* Exercise brief *
Which lines of the records below contain the word "biezums"? Copy each of them out.

>>>>>

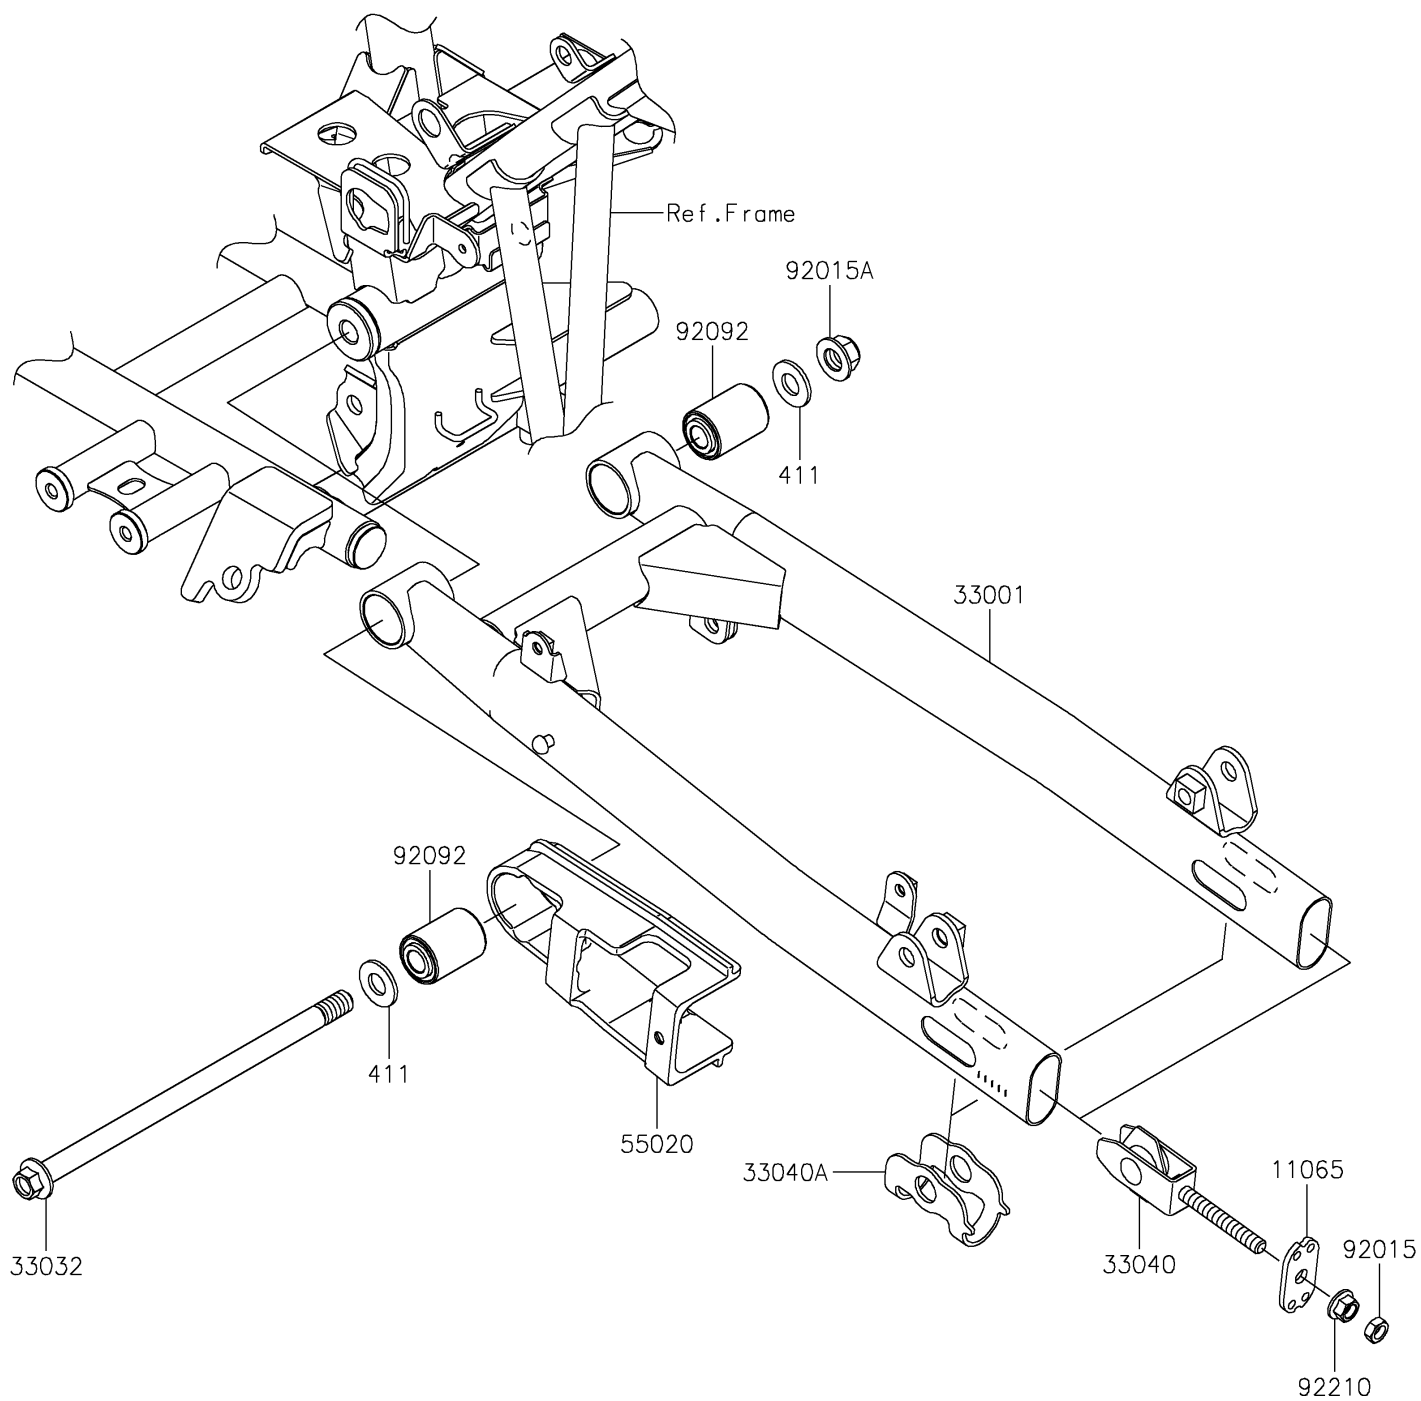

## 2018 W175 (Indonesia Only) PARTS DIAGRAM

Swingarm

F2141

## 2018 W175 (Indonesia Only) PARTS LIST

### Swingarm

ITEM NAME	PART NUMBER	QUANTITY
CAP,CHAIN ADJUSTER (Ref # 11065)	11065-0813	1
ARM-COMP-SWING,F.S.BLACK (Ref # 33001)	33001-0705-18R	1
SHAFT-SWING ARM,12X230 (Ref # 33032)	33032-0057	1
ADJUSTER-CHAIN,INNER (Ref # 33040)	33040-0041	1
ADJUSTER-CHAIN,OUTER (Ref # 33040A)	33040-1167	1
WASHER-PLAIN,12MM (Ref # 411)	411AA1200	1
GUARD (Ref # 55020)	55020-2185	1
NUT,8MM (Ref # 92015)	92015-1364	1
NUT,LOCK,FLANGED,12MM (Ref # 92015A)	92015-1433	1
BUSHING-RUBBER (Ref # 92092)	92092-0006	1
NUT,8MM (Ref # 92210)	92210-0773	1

<<<<<
>>>>>

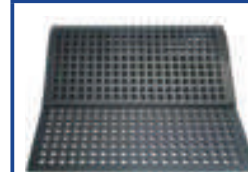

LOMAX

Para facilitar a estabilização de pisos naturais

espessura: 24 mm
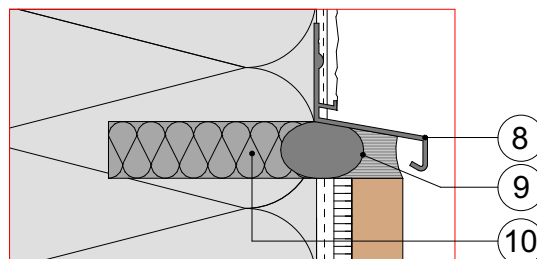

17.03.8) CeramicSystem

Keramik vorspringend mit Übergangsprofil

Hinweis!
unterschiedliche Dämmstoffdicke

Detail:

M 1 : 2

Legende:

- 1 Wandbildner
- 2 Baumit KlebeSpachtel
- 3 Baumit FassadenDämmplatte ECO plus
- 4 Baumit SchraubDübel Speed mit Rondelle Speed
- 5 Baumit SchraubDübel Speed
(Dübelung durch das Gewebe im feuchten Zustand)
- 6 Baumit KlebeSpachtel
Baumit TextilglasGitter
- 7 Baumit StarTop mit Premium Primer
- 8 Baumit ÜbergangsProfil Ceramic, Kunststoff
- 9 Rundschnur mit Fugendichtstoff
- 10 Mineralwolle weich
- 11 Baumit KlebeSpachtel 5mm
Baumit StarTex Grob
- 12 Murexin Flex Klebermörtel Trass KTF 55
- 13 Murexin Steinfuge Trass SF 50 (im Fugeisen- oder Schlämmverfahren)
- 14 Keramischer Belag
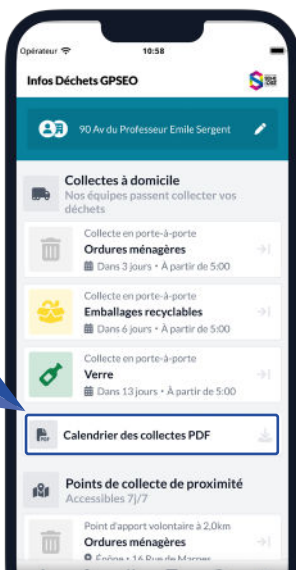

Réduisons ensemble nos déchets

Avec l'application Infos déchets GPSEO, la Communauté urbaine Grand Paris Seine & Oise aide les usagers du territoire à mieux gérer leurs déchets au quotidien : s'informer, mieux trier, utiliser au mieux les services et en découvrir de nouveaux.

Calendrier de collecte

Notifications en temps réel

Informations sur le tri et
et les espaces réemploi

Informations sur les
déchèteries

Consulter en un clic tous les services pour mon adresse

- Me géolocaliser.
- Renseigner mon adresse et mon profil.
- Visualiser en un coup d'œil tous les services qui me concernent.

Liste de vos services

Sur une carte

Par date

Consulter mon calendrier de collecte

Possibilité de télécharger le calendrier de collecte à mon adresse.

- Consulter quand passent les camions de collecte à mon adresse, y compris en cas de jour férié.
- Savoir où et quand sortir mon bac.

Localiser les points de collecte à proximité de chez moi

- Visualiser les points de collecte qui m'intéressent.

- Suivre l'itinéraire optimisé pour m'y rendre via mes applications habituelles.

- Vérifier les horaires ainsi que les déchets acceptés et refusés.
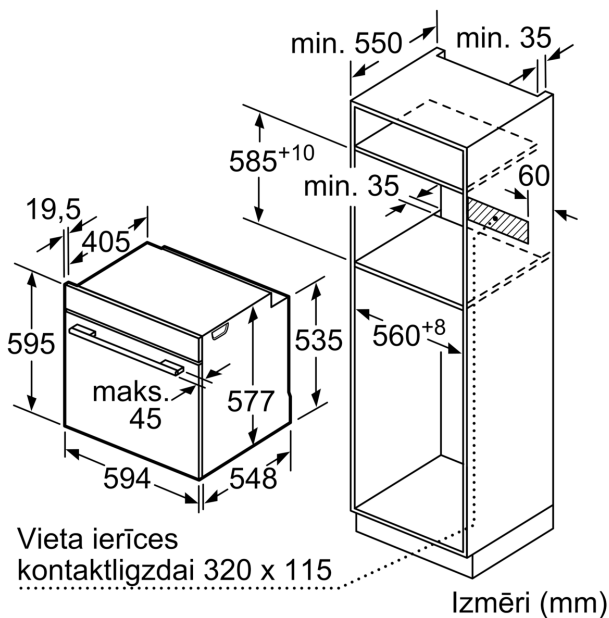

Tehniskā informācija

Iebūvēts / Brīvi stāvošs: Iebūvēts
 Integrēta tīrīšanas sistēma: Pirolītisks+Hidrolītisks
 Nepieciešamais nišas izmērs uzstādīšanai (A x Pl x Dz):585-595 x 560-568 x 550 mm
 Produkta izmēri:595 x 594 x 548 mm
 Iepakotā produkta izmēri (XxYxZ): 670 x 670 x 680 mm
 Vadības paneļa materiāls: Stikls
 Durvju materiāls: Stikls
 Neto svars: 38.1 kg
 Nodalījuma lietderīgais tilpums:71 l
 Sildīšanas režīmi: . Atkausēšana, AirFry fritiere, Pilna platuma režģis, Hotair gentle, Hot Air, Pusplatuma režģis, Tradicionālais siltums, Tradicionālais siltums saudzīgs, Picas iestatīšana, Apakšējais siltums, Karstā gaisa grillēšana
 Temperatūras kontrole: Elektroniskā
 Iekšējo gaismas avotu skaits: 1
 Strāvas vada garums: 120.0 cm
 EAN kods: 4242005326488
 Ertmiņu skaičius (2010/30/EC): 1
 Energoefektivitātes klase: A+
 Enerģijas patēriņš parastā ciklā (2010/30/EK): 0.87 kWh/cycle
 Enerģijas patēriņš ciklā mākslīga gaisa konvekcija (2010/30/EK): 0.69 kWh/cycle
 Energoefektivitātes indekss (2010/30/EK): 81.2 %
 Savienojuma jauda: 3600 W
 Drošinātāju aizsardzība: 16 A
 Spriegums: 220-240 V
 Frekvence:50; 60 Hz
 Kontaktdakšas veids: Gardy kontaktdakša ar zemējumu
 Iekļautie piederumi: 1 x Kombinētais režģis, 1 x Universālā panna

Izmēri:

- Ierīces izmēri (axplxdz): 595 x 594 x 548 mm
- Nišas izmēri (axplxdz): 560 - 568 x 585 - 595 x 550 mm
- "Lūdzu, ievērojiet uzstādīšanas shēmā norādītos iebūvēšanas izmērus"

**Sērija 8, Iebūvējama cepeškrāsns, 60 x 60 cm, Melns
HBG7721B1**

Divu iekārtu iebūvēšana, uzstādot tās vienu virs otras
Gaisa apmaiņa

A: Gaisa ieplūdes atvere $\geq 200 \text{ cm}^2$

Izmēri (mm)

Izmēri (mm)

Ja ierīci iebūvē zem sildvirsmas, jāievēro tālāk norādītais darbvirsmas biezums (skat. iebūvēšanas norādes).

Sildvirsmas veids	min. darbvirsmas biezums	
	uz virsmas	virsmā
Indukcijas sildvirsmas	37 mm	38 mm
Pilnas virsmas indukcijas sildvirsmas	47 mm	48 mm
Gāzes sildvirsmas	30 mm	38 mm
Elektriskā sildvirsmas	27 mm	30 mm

<<<<<

* Answer section *
Ja ierīci iebūvē zem sildvirsmas, jāievēro tālāk norādītais darbvirsmas biezums (skat. iebūvēšanas norādes).
Sildvirsmas veids	min. darbvirsmas biezums	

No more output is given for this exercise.